Taking limsup of both sides of the above inequality will give us

$\displaystyle \limsup_{n\to\infty} \log_n(\dim V_n) \leq \limsup_{n\to\infty} \log_n(\dim W_n),$

because $\displaystyle \lim_{n\to\infty} (1+ \log_n r)=1$ and

$\displaystyle \limsup_{n\to\infty} \log_{rn}(\dim W_{rn}) \leq \limsup_{n\to\infty} \log_n (\dim W_n).$

Similarly $\dim W_n \leq \dim V_{sn}$ will imply

$\displaystyle \limsup_{n\to\infty} \log_n(\dim W_n) \leq \limsup_{n\to\infty} \log_n(\dim V_n),$

which completes the proof. $\Box$

So, by the above remark, the value $\displaystyle \limsup_{n\to\infty} \log_n (\dim V_n)$ does not depend on the generaing subspace $V$ and thus the following definition makes sense.

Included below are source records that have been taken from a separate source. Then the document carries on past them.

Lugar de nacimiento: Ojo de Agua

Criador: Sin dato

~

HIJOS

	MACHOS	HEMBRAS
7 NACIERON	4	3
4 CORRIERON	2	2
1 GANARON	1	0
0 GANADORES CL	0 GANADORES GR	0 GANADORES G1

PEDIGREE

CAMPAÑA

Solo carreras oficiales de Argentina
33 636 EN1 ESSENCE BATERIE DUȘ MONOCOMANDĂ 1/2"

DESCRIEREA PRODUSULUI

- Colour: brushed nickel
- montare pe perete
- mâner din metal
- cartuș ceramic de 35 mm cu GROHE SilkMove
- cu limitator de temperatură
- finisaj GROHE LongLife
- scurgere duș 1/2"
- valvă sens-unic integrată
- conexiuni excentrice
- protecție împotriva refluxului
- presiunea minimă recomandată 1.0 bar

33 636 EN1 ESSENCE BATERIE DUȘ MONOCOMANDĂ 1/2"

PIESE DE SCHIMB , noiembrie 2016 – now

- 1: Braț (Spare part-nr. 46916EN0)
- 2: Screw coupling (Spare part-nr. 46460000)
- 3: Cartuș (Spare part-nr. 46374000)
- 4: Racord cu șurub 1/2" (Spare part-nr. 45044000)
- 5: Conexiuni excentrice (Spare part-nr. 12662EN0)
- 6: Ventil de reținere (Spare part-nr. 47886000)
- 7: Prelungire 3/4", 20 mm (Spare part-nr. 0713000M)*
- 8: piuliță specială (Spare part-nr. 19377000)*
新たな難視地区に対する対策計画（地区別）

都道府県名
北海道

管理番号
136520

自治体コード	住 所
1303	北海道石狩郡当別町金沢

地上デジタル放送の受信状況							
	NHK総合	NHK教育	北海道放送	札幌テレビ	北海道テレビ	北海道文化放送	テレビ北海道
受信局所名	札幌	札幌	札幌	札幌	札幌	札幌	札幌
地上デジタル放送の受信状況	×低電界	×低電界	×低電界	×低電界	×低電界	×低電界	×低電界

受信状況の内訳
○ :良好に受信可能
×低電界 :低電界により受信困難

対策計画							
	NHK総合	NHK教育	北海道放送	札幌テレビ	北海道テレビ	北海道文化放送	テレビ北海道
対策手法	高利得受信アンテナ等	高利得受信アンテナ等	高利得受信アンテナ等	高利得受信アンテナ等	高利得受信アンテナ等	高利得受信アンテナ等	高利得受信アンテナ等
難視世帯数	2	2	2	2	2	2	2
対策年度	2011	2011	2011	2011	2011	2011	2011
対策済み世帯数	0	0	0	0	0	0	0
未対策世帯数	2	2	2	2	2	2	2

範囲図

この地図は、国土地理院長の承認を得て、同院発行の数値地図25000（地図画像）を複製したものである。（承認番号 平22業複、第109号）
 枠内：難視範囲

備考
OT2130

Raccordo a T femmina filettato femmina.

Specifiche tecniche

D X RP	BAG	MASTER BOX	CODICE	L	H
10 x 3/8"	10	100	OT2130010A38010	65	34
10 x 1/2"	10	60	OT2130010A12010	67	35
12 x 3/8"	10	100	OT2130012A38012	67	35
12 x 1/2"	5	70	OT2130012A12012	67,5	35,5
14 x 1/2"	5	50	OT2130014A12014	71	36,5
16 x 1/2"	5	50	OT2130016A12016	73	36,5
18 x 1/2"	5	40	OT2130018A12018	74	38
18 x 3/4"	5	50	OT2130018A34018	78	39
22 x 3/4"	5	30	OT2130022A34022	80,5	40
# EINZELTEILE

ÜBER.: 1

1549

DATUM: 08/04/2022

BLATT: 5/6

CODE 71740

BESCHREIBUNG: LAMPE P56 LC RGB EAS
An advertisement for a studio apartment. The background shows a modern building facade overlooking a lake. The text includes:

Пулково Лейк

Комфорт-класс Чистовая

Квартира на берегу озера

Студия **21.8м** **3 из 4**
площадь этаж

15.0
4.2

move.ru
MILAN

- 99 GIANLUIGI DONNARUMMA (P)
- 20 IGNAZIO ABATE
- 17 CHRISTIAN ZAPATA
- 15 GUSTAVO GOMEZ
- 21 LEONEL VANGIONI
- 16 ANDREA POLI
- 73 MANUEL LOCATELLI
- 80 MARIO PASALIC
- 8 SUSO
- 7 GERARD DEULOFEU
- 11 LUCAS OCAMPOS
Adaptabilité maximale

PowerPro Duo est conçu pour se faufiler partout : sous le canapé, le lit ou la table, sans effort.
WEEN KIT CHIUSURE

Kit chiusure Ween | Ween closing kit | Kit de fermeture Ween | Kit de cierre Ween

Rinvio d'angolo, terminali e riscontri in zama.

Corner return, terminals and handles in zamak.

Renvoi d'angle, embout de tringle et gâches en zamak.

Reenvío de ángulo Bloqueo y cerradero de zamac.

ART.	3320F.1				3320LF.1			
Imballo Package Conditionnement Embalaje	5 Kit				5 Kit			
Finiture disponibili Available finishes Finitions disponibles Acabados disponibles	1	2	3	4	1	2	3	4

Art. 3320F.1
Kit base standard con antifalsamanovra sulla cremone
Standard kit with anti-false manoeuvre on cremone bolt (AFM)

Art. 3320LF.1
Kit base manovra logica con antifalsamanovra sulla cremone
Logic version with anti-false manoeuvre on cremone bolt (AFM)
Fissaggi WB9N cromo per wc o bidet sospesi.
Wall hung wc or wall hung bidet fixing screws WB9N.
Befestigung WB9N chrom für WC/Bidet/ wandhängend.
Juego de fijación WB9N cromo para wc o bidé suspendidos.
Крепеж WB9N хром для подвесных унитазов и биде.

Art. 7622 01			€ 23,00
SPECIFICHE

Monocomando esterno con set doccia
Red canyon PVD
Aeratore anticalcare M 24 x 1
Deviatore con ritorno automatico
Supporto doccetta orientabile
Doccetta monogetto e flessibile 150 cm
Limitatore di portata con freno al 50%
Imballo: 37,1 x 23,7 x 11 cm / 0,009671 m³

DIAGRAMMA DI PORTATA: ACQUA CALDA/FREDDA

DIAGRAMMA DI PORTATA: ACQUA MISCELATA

Definition. Let $A$ be a finitely generated $k$-algebra and let $V$ be a generating subspace of $A.$ The Gelfand-Kirillov dimension, or GK dimension, of $A,$ which we will  denote it by ${\rm{GKdim}}(A),$ is defined by

$\displaystyle {\rm{GKdim}}(A)=\limsup_{n\to\infty} \log_n (\dim V_n).$

The GK dimension of a algebra somehow measures how far an algebra is from being finite dimensional. We will see later that if $A$ is commutative, then the GK dimension of $A$ is nothing but the transcendence degree of $A.$

Remark 2. In the above definition if $V$ is a frame of $A,$ then $V_n=\sum_{i=0}^n V^i = V^n,$ because

$k=V^0 \subseteq V \subseteq \ldots \subseteq V^n.$

Thus we get this simple expression $\displaystyle {\rm{GKdim}}(A) = \limsup_{n\to\infty} \log_n (\dim V^n).$

1. Alex Youcis says:

Hey Yaghoub. Maybe it’s because I haven’t read enough of the after-this GK dimension posts, but what precisely is the point of it? I mean, I get roughly what it measures, but is there a typical place that GK dimension would come up?

• Yaghoub says:

Yes, GK dimension is a useful and important invariant of algebras, although it’s a relatively new subject in ring theory.
For example, if k is an algebraically closed filed and A is a finitely generated k-algebra as well as a domain, then GKdim(A) = 1 implies that A is commutative. This is an important result.
For commutative algebras GK dimension is not very interesting because it coincides with Krul dimension, which is a much more known invariant.
.

• Alex Youcis says:

Thank you! Do you do work with GK dimension?

• Yaghoub says:

Not directly. I’m working on the ring structure of the centralizer of an element in an algebra and GK dimension is a useful tool in my research.